The incidents of 2023 have led to the development of guidelines and training programs aimed at enhancing the cybersecurity knowledge and capabilities of EGI sites’ security experts and administrators. These initiatives include:

  • Documentation and Training: The creation of detailed documentation, such as the “Server Management Guidelines” available on the EGI Confluence page (https://confluence.egi.eu/display/EGIBG/Server+management+guidelines), to assist in securely configuring infrastructures and performing forensic investigations.
  • Proactive Security Measures: We promote the adoption of advanced security tools, provide presentations on best practices, and offer consultations for security-related questions.
  • Community Engagement: Strengthening the EGI community’s collaboration and information sharing to collectively improve the cybersecurity posture across all member organisations.

Photo by iStockPhoto

To conclude the cybersecurity environment of 2023 has reinforced the importance of detection, traceability, and proactive engagement in addressing cyber threats.
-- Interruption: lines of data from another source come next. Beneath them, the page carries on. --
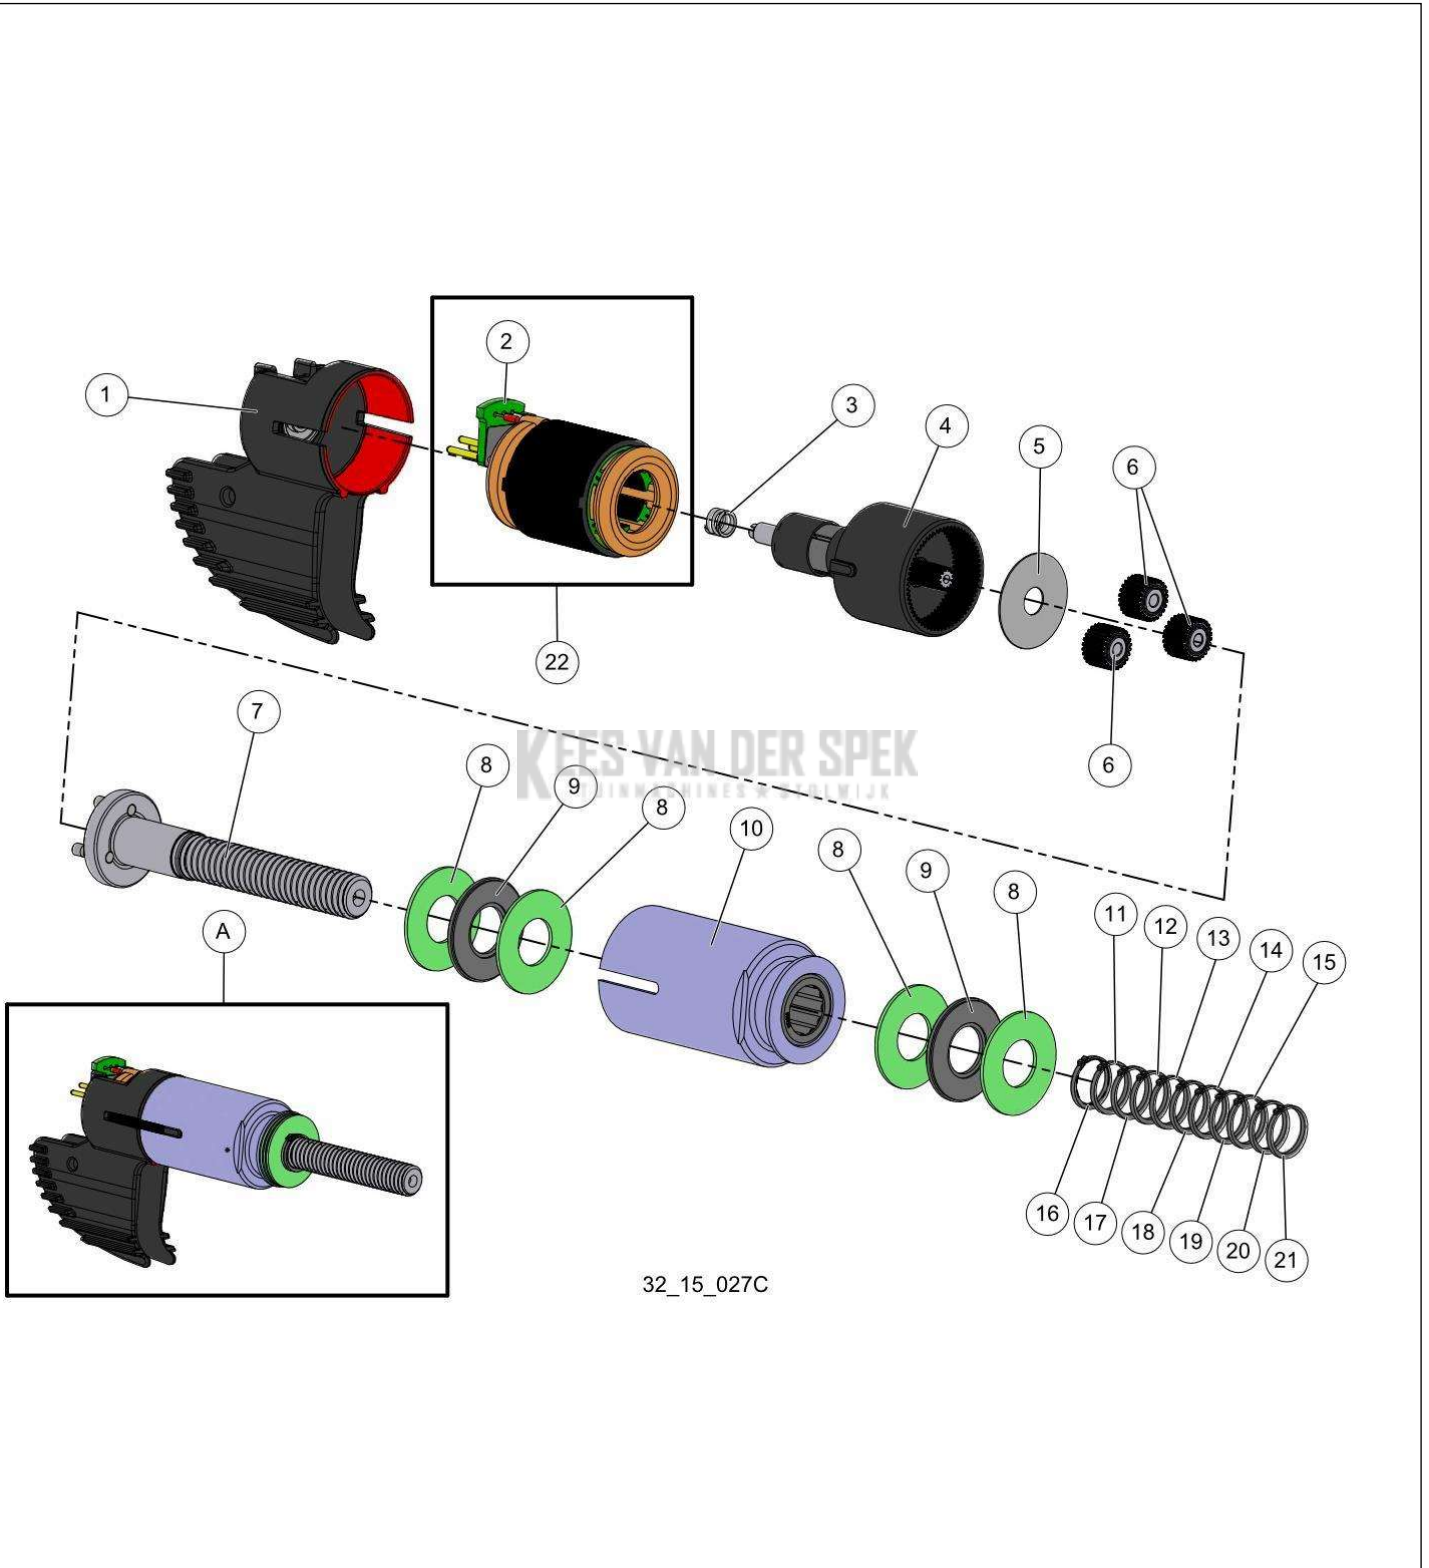

PELENC 57246 - PRUNION SOLO* / 57246 - PRUNION SOLO - 2021 /
MOTORREDUCTOR

Vervangonderdelen *Mechanisch*

32_15_027C

nr.	Artikelnumme	Beschrijving	Hoe	Opmerkingen
1	126060	KOELVIN + LAGER ACHT. PRUNION	1	
2	125911	ACHTERPLAAT MOTOR SNOEISCHAAR	1	
3	125976	DRUKVEER MOTOR PRUNION	1	
4	128097	ROTORSET PRUNION+COUR OND.	1	
5	126024	RING SLIJTAGE AANDRIJVING BUIS	1	
6	118338	STALEN SATTELIIETWIEL	3	
7	118345	KOGELSCHROEVEN + ASSEN PRUNION	1	
8	68648	DRUKRING AS 12*26	4	
9	68647	NAALDLAGER AXK 12*26	2	
10	126061	BUIS PRUNION + BESCHERMHULS MET	1	
11	76715	VERSTERKTE BORGVEER AS 12X1.5	1	1,50 mm
12	126579	BORGVEER VOOR AS 12	1	1,45 mm
13	126578	BORGVEER VOOR AS 12	1	1,40 mm
14	126577	BORGVEER VOOR AS 12	1	1,35 mm
15	126576	BORGVEER VOOR AS 12	1	1,30 mm
16	126575	BORGVEER VOOR AS 12	1	1,25 mm
17	126574	BORGVEER VOOR AS 12	1	1,20 mm
18	126573	BORGVEER VOOR AS 12	1	1,15 mm
19	126572	BORGVEER VOOR AS 12	1	1,10 mm
20	126571	BORGVEER VOOR AS 12	1	1,05 mm
21	127236	BORGVEREN VOOR AS 12	1	1,00 mm
22	125977	STATOR SPOEL + CIRCUIT PRUNION	1	
A	126051		1

By incorporating the lessons learned from the past year’s incidents into our strategies and operational practices, EGI is committed to significantly enhancing its resilience against future cybersecurity challenges, ensuring the security and integrity of its critical infrastructures and services.

It would appear that some of the handled incidents suggest that the secure service operation maturity may have declined somewhat over recent years, particularly at the smaller resource centres. In response, the EGI CSIRT is pleased to be able to provide supporting material, such as technical guidance, to address this issue.